═══ Data records ═══

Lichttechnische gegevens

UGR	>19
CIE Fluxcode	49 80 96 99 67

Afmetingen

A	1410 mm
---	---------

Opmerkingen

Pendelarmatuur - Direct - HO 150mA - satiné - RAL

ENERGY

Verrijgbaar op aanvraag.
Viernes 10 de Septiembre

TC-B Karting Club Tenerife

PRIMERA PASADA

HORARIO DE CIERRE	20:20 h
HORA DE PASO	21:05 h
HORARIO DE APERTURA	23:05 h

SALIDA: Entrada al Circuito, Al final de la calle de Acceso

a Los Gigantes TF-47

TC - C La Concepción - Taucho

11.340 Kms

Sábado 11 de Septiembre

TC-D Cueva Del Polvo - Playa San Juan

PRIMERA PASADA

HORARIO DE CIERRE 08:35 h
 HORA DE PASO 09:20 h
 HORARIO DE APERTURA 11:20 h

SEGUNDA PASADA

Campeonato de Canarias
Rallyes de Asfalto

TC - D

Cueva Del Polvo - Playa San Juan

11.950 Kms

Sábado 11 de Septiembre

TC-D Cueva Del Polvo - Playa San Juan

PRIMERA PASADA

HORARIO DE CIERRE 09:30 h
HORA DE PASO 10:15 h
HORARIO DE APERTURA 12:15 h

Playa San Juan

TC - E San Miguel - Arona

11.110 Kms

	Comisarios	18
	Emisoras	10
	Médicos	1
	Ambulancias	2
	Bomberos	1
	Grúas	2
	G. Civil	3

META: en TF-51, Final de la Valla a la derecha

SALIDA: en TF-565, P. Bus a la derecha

═══
═══ Data records ═══

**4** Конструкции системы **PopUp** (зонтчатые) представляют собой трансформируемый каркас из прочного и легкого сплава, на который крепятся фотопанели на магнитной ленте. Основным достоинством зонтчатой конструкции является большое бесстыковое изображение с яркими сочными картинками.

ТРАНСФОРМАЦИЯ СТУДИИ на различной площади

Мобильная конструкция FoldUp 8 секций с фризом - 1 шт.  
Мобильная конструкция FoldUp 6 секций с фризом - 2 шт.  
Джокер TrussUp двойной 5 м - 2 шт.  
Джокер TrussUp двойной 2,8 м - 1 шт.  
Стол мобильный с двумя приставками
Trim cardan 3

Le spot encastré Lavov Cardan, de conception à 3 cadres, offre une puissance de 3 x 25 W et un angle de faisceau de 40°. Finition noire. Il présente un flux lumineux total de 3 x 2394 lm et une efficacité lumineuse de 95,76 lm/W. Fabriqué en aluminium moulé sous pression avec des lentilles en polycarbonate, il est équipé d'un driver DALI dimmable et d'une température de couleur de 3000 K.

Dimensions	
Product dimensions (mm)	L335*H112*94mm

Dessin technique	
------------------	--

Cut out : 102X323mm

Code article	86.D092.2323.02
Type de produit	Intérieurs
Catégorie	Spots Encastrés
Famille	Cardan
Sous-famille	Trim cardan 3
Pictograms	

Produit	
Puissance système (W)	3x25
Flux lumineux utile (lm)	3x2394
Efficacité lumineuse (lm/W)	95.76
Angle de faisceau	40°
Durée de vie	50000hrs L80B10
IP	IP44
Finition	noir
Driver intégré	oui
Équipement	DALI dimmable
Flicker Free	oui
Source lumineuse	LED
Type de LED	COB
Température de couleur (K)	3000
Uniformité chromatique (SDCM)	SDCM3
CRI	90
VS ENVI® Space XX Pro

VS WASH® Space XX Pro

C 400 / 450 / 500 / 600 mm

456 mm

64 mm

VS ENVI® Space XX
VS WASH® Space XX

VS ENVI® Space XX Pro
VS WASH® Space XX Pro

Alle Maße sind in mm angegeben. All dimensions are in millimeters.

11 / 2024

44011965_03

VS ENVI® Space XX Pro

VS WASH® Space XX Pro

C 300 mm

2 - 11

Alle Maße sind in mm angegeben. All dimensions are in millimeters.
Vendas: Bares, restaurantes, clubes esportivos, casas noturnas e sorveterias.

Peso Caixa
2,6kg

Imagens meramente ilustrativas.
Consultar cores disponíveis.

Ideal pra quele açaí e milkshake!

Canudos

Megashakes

═══
═══ Data records ═══

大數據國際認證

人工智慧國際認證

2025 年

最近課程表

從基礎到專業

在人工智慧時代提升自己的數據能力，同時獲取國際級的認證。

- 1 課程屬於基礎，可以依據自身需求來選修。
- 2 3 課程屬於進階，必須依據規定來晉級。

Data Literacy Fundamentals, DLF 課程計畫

═══

Using the entries above, return exactly the lines from the line with "Lichttechnische gegevens" to the line with "SALIDA: en TF-565, P. Bus a la derecha", counting both of those lines.

Result of the exercise —
Lichttechnische gegevens

UGR	>19
CIE Fluxcode	49 80 96 99 67

Afmetingen

A	1410 mm
---	---------

Opmerkingen

Pendelarmatuur - Direct - HO 150mA - satiné - RAL

ENERGY

Verrijgbaar op aanvraag.
Viernes 10 de Septiembre

TC-B Karting Club Tenerife

PRIMERA PASADA

HORARIO DE CIERRE	20:20 h
HORA DE PASO	21:05 h
HORARIO DE APERTURA	23:05 h

SALIDA: Entrada al Circuito, Al final de la calle de Acceso

a Los Gigantes TF-47

TC - C La Concepción - Taucho

11.340 Kms

Sábado 11 de Septiembre

TC-D Cueva Del Polvo - Playa San Juan

PRIMERA PASADA

HORARIO DE CIERRE 08:35 h
 HORA DE PASO 09:20 h
 HORARIO DE APERTURA 11:20 h

SEGUNDA PASADA

Campeonato de Canarias
Rallyes de Asfalto

TC - D

Cueva Del Polvo - Playa San Juan

11.950 Kms

Sábado 11 de Septiembre

TC-D Cueva Del Polvo - Playa San Juan

PRIMERA PASADA

HORARIO DE CIERRE 09:30 h
HORA DE PASO 10:15 h
HORARIO DE APERTURA 12:15 h

Playa San Juan

TC - E San Miguel - Arona

11.110 Kms

	Comisarios	18
	Emisoras	10
	Médicos	1
	Ambulancias	2
	Bomberos	1
	Grúas	2
	G. Civil	3

META: en TF-51, Final de la Valla a la derecha

SALIDA: en TF-565, P. Bus a la derecha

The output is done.